=== Section Start ===
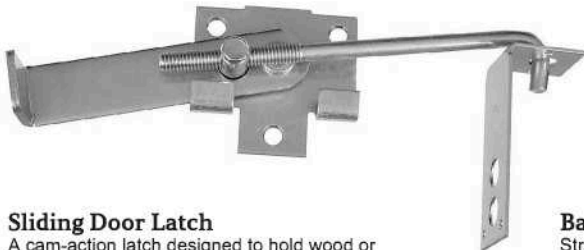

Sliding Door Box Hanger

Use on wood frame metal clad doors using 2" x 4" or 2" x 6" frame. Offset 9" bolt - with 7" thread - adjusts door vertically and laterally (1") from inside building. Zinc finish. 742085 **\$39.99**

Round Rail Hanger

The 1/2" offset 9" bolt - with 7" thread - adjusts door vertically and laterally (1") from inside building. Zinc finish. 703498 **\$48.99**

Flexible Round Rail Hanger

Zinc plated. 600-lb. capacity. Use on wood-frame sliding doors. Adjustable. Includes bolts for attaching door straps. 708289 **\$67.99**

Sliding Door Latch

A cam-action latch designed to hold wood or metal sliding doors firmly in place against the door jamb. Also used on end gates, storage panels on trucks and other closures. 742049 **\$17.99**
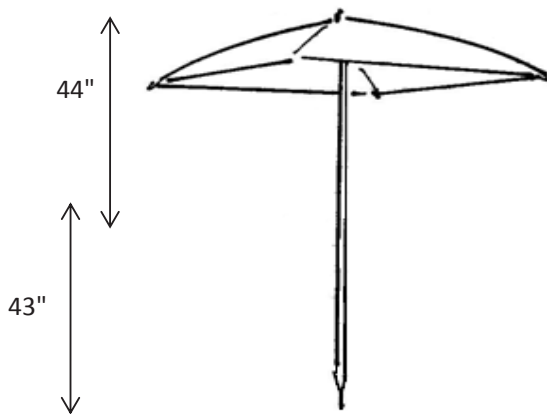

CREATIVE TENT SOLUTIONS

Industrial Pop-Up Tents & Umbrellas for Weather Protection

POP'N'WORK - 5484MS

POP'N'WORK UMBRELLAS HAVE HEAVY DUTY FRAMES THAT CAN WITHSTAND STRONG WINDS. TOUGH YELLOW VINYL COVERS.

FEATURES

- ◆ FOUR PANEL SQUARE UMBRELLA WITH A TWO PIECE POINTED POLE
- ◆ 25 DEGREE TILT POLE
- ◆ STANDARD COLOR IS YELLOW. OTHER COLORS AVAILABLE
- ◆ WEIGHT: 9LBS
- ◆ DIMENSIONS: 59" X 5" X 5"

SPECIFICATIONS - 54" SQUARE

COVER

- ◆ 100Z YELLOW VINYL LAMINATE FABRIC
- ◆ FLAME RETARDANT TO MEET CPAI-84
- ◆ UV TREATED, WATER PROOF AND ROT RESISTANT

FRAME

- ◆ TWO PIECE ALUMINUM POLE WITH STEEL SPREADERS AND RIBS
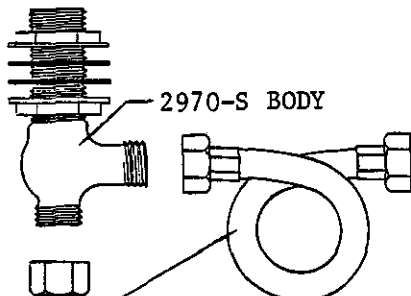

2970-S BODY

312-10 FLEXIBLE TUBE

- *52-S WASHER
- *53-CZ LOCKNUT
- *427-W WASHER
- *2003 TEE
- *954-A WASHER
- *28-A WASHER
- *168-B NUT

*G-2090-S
=== Section End ===
### [ABOUT THIS TASK]
What is needed is an exact restatement of the lines from the line with "- ◆ 100Z YELLOW VINYL LAMINATE FABRIC" through the final line of the data, pictures excluded.

### [EXPECTED ANSWER]
- ◆ 100Z YELLOW VINYL LAMINATE FABRIC
- ◆ FLAME RETARDANT TO MEET CPAI-84
- ◆ UV TREATED, WATER PROOF AND ROT RESISTANT

FRAME

- ◆ TWO PIECE ALUMINUM POLE WITH STEEL SPREADERS AND RIBS

2970-S BODY

312-10 FLEXIBLE TUBE

- *52-S WASHER
- *53-CZ LOCKNUT
- *427-W WASHER
- *2003 TEE
- *954-A WASHER
- *28-A WASHER
- *168-B NUT

*G-2090-S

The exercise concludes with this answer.